Самки пинагоров больше самцов. Длина самки полметра бывает, и вес приличный, а самцы вполовину меньше. Когда они рядом, то как иногда у людей бывает: этакая крупная бабища с дробненьким мужичонкой под мышкой.

— Ты бы, Парамоша, поохотился, а то загнешься не жрамши, —говорили ему. — Думаешь, добрым словом помянут тебя эти детки. Вот вылупятся, расплывутся по морю — поминай как звали. На старости лет куска не подадут.

Нам было весело, мы балагурили — все развлечение под водой. Обычно уходишь в это холодное безмолвие и остаешься один на один со стихией, с опасностями, что подстерегают водолаза в любой момент, а тут — живая душа объявилась! И мы к Парамону относились с сочувствием, как к равному. Любили его.

— Надо его подкормить! — спохватились мы. — А то он с голодухи икру полопает. У них это запросто.

— Крупы посыпать с борта, каши там, перловки, — советовали.

— Куда! — возражали. — Там на кашу много оглоедов найдется. Ему и крупинки не достанется. Он же не отплывет от икры. Надо ему персональный ресторан устроить. «Дары природы».

Каждый раз, спускаясь под воду, водолазы наведывались к Парамону: как он там, горемычный, жив-здоров, цела ли икра?

—Опять к Парамону пошел! — злился мичман и кричал в телефон: — Иди туннель промывать! Отправился на экскурсию!

Мы тогда промывали туннель под баржой, затопленной в самом конце войны, — она мешала судоходству в губе, и ее надо было поднять.

Пинагор от икры не отплывал ни на минуту. По-моему, он чувствовал, что мы — просто зеваки, обиду ему не несем, но все-таки посматривал на нас с опаской. Мы подкармливали его рисом. Насыпали горсть крупы в пустую консервную банку, прикрывали крышкой и шли угощать горемычного и преданного папашу. На грунте банку раскрывали и подставляли ему под нос. Рис всплывал легким белым облачком от движения воды. Пинагор шлепал губами и втягивал в себя зерна. Забавно было видеть, как зернышки плывут ему в рот, одно за другим, цепочкой. Не сходя с места, Парамон высасывал всю банку. И нам казалось, что от сытости у него на морде появляется довольное выражение, что-то вроде улыбки, и глаз веселеет.

Но однажды я встретился с его-взглядом — и понял: он наблюдает за мной осознанно! Меня как громом поразило. Во взгляде рыбы сквозила такая глубина веков, такая древность, такое запредельное время, когда, может, и человека-то на земле не было, а пинагоры уже водились, такой многомиллионнолетний опыт, что мне стало не по себе, охватило какое-то мистическое чувство.
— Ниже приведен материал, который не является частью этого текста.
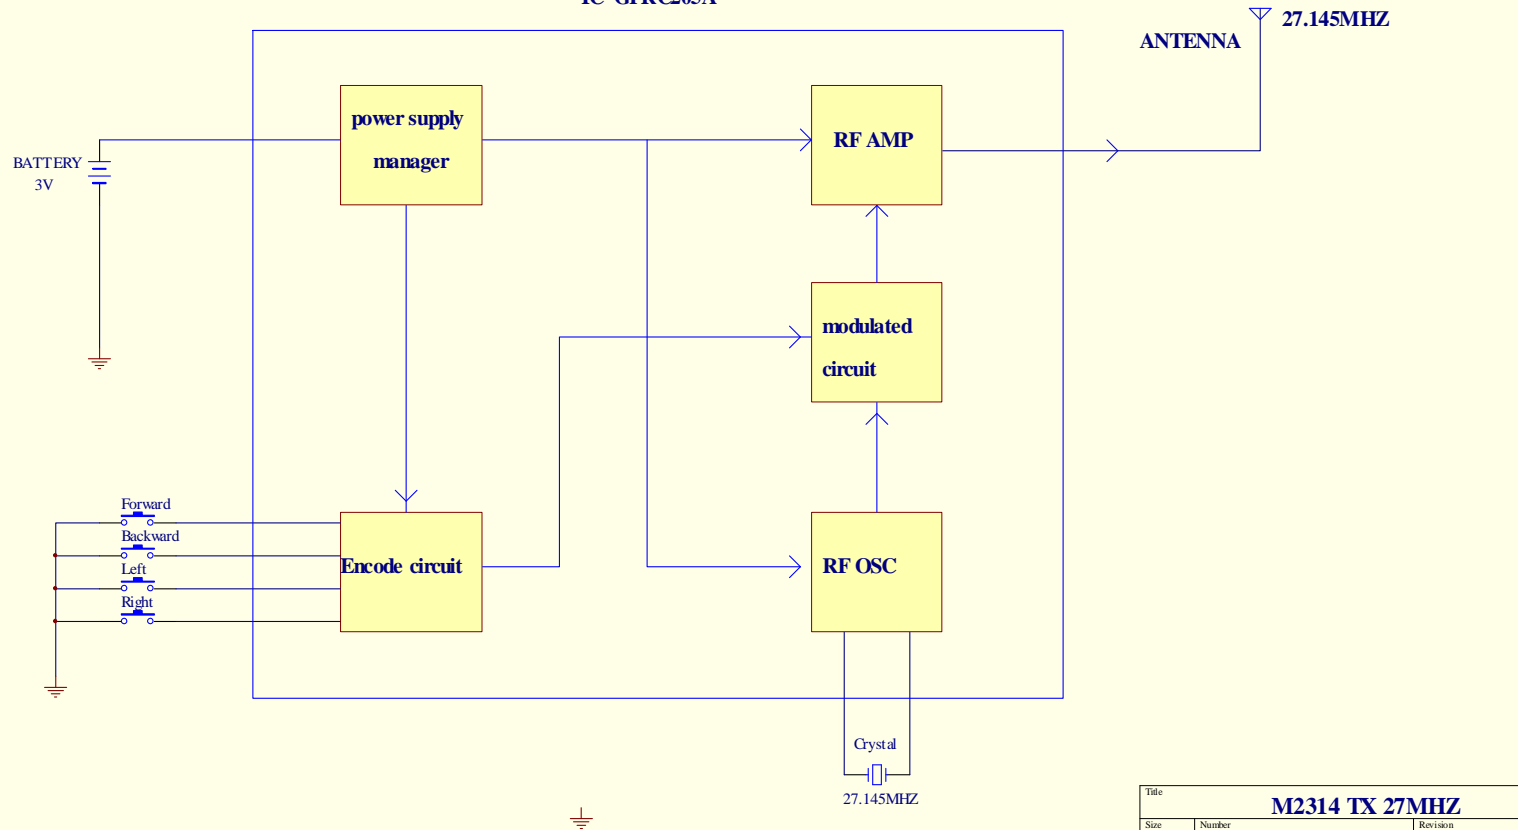

TX 27MHZ Block Diagram

IC GPRC205A

Title		
M2314 TX 27MHZ		
Size	Number	Revision
B		
Date:	23-Feb-2008	Sheet of
File:	E:\资料库\工程文件\M6336\资料\图6.336.cir

Вот мы говорим: «Рыбья кровь» — то есть холодная, инертная, вроде бы неживая. Говорим: «Рыбий глаз» — то есть ничего не выражающий, пустой, бессмысленный. Но взгляд Парамона был именно осмыслен — и это меня напугало. Я прикоснулся к чему-то непонятному, необъяснимому, недоступному разуму и потому — пугающему.
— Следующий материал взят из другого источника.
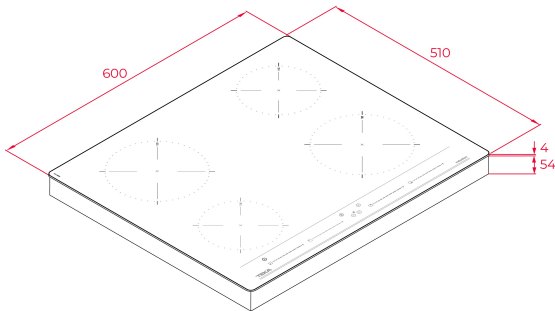

Easy installation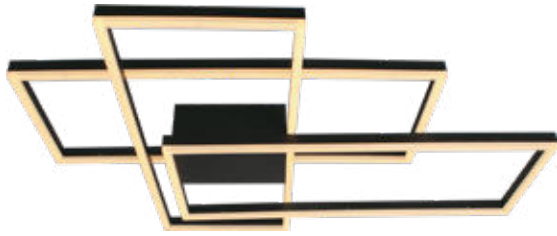

NEW DESIGNER SERIES SURFACE LIGHT

AC:220-240V,50Hz

>80 CRI

Aluminum+Silicone Body

20,000 hr lifespan

IP20 Rating

SKU	Model	Watts	Lumens	Size(mm)	Unit Color	Box Qty
15347 - 3000K WARM WHITE	VT-7926	47W	5010	905x670x100	Black	1

Мы на рыб смотрим как на нечто второсортное, что ли, в общей цепи жизни. Мы можем сострадать собаке, кошке, жеребенку, дикому зверю — всем млекопитающим и птицам тоже. Понимаем их боль, следим за повадками, знаем их жизнь. Говорим: «человеческие глаза» у собаки или оленя. Они с нами рядом, они нам понятны. С коровой, с собакой и даже с диким зверем или птицей человек соприкасается часто, он с ними живет в одной природной среде — на земле, дышит одним воздухом.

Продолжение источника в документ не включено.